To provide VM with the ability to get device IO memory with NormalNC
property, map device MMIO in KVM for ARM64 at stage2 as NormalNC.
Having NormalNC S2 default puts guests in control (based on [1],
"Combining stage 1 and stage 2 memory type attributes") of device
MMIO regions memory mappings. The rules are summarized below:
([(S1) - stage1], [(S2) - stage 2])

S1           |  S2           | Result
NORMAL-WB    |  NORMAL-NC    | NORMAL-NC
NORMAL-WT    |  NORMAL-NC    | NORMAL-NC
NORMAL-NC    |  NORMAL-NC    | NORMAL-NC
DEVICE<attr> |  NORMAL-NC    | DEVICE<attr>

Generalizing this to non PCI devices may be problematic. E.g. GICv2
vCPU interface, which is effectively a shared peripheral, can allow
a guest to affect another guest's interrupt distribution. The issue
may be solved by limiting the relaxation to mappings that have a user
VMA. Still There is insufficient information and uncertainity in the
behavior of non PCI driver. Hence caution is maintained and the change
is restricted to the VFIO-PCI devices. PCIe on the other hand is safe
because the PCI bridge does not generate errors, and thus do not cause
uncontained failures.

Limiting to the VFIO PCI module is done with the help of a new mm
flag VM_VFIO_ALLOW_WC. The VFIO PCI core module set this flag to
communicate to KVM. KVM use this flag to activate the code.
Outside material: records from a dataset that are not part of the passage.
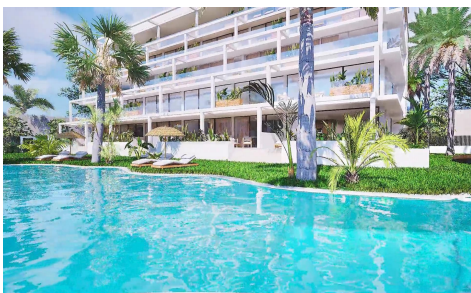

DA10704W

Apartamento in Cartagena

€354.000

2

2

119m²

N/A

COMPLEJO RESIDENCIAL DE OBRA NUEVA EN MAR DE CRISTAL Moderno complejo residencial de apartamentos y Áticos de nueva construcción situado muy cerca del paseo marítimo y de las largas y bonitas playas de arena de Mar de Cristal. Puede elegir entre apartamentos de planta baja con jardín privado, apartamentos de planta media con terraza y Áticos con solarium privado. Las viviendas tienen 2 o 3 dormitorios y 2 baños. Los apartamentos tienen un diseño moderno, presentando una zona de estar de planta abierta, que combina la cocina, el comedor y el salón, en un gran espacio con acceso a la terraza. ...(Ask for More Details!)
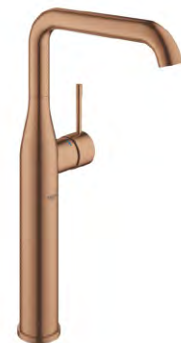

chrom

brushed
warm sunset

brushed
hard graphite

Bateria umywalkowa, rozmiar M,
kolor: stal nierdzewna

ESSENCE

Dostępna również
w kolorze:

chrom

stal nierdzewna

brushed
hard graphite

Bateria umywalkowa, rozmiar XL,
kolor: brushed warm sunset

ESSENCE

Dostępna również
w kolorze:

chrom

stal nierdzewna

brushed
hard graphite

Bateria umywalkowa do montażu podtynkowego,
2-otworowa, rozmiar M, kolor: brushed warm sunset

This could be extended to other devices in the future once that
is deemed safe.

[1] section D8.5.5 of DDI0487J_a_a-profile_architecture_reference_manual.pdf

Signed-off-by: Ankit Agrawal <ankita@nvidia.com>
Suggested-by: Catalin Marinas <catalin.marinas@arm.com>
Acked-by: Jason Gunthorpe <jgg@nvidia.com>
Tested-by: Ankit Agrawal <ankita@nvidia.com>
---
 arch/arm64/kvm/hyp/pgtable.c     |  3 +++
 arch/arm64/kvm/mmu.c             | 16 +++++++++++++---
 drivers/vfio/pci/vfio_pci_core.c |  3 ++-
 include/linux/mm.h               |  7 +++++++
 4 files changed, 25 insertions(+), 4 deletions(-)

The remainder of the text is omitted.